I thought that was implied in my statement.
No. You said "when he reached whatever arbitrary state that God deemed "sufficient" enough,..." i.e. you implied that humanity had to reach some state first to which God responded by initiating a relationship with human beings. I don't think any arbitrary state had to be reached. God's act is the prior act, not a responsive act.
Actually, Paul said sin entered the world, and through sin death. The cause of this was the sin of man, hence the sin of man brought death not only on man, but the world as a whole.
Agreed on the first sentence, but not on the second. Paul says death spread to all men. Not to men and animals. And even when he speaks of death spreading to all men, he adds that it is because all men sinned. IOW it was not Adam's sin alone that brought death to all men. It was also their (our) own.
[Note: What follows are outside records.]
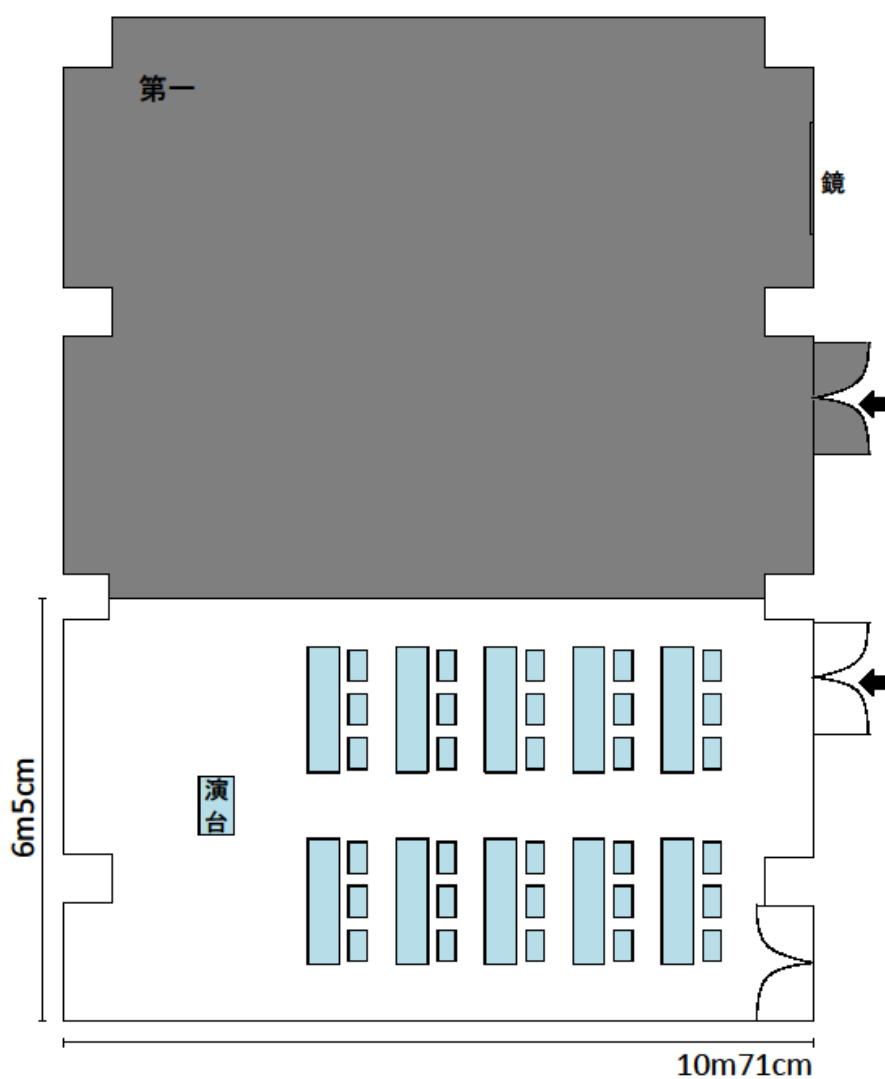

奥行き 52 cm

高さ 78 cm

1	板橋地域センター	板橋 3-14-15
		03-3963-5049

レクリエーションホール（全面）	154 m ²	（椅子のみ）
使用例 14人×10列=140人		

椅子の規格	
横幅	45 cm
奥行き	52 cm
高さ	78 cm

1	板橋地域センター	板橋 3-14-15
		03-3963-5049

レクリエーションホール（第1）	89 m ²	（机・椅子なし 最大定員 80 人）
部屋の短辺・・・8m30cm / 部屋の長辺・・・10m71cm		

1	板橋地域センター	板橋 3-14-15
		03-3963-5049

レクリエーションホール（第1）	89 m ²	（机・椅子）
使用例 9人×4列=36人		

1	板橋地域センター	板橋 3-14-15
		03-3963-5049

レクリエーションホール（第1）	89 m ²	（椅子のみ）
使用例 14人×4列=56人		

椅子の規格	
横幅	45cm
奥行き	52cm
高さ	78cm

1	板橋地域センター	板橋 3-14-15
		03-3963-5049

レクリエーションホール（第2）	67 m ²	（机・椅子なし 最大定員 60人）
部屋の短辺・・・6m5cm / 部屋の長辺・・・10m71cm		

1	板橋地域センター	板橋 3-14-15
		03-3963-5049

レクリエーションホール (第2)	67 m ²	(机・椅子)
使用例 6人×5列=30人		

机の規格

横幅 180 cm

奥行き 45 cm

高さ 70 cm

(3人掛け)

椅子の規格

横幅 45 cm

奥行き 52 cm

高さ 78 cm

1	板橋地域センター	板橋 3-14-15
		03-3963-5049

レクリエーションホール（第2）	67 m ²	（椅子のみ）
使用例 8人×6列=48人		

椅子の規格

横幅 45 cm
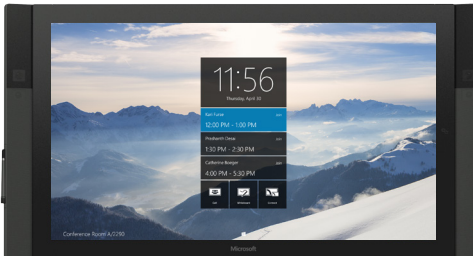

Technische Spezifikationen für das 55-Zoll- und das 84-Zoll-Modell

Microsoft Surface Hub – 55 Zoll

Größe	806,4 mm x 1.514,3 mm x 85,8 mm
Gewicht	47,6 kg
Auflösung	1920 x 1080 bei 120 Hz
Computer	Intel i5 der 4. Generation, 8 GB RAM, 128 GB SSD
Grafikprozessor	Intel HD 4600
Netzwerk	Wi-Fi (802.11 a/b/g/n/ac), Ethernet 1 Gbit/s, Bluetooth 4.0 Low Energy, NFC-Lesegerät, Miracast-fähig
Audio/Video	(2) 1080p-Frontkameras, horizontales Sichtfeld von 100 Grad, Hochleistungsmikrofon-Array mit 4 Elementen, (2) Stereolautsprecher vorn
Zubehör	(2) batteriebetriebene aktive Stifte, (1) All-in-One-Funktastatur
Sensoren	(2) passive Infrarot-Anwesenheitssensoren, Umgebungslichtsensoren
Ideal für	Büros von Führungskräften, kleine Büroräume, Diskussionsräume, Konferenzräume

Microsoft Surface Hub – 84 Zoll

Größe	1.171,5 mm x 2.202,9 mm x 105,4 mm
Gewicht	127 kg
Auflösung	3840 x 2140 bei 120 Hz
Computer	Intel i7 der 4. Generation, 8 GB RAM, 128 GB SSD
Grafikprozessor	NVIDIA Quadro K2200
Netzwerk	Wi-Fi (802.11 a/b/g/n/ac), Ethernet 1 Gbit/s, Bluetooth 4.0 Low Energy, NFC-Lesegerät, Miracast-fähig
Audio/Video	(2) 1080p-Frontkameras, horizontales Sichtfeld von 100 Grad, Hochleistungsmikrofon-Array mit 4 Elementen, (2) Stereolautsprecher vorn
Zubehör	(2) batteriebetriebene aktive Stifte, (1) All-in-One-Funktastatur
Sensoren	(2) passive Infrarot-Anwesenheitssensoren, Umgebungslichtsensoren
Ideal für	Konferenzräume, Einsatzzentrale, Workshops

This still doesn't derail the point I was trying to make, that guided evolution assumes a direction and goal in all evolutionary processes, whereas the core definition of evolution assumes a result that is the complete opposite. The moment you infer God as the cause it is no longer naturalism, this is self defeating to evolutionary theory.
I don't believe in naturalism and I don't think science is naturalistic in philosophy. Only in methodology.
So I think you misinterpret the core definition of evolution when you equate it with naturalism. There are two basic claims made in the science of evolution. One is that mutations give no evidence of guiding evolution in any one direction. In particular , mutations do not arise in response to any need a species may have to adapt to a new situation. Either the mutation already exists in the species or that adaptation does not happen. End of story.
The second claim is that selection responds only to immediate survival and reproductive challenges, not to possible future challenges.
I agree with these claims. I don't agree that they necessitate a philosophy of naturalism.
Neither rules out God's understanding of evolutionary process, his foreknowledge of things to come, and his acting in the present for a future purpose via evolutionary process in ways that are not detectable to science since any such act appears to be of a piece with "natural" evolution.
Basically I don't think you can draw a line between God's action and nature's action as you can between natural action and human action. Historically the antonym of "natural" was "artificial" i.e. "made by human skill".
Somehow we have shifted the focus from human artifice to supernatural action by a deity, so that "natural" is now opposed to "supernatural" instead of "artificial" and is held to mean "not the action of a deity".
The first meaning is intelligible and scientifically testable. The latter is neither. It is simply a philosophical position that eliminates God from his creation.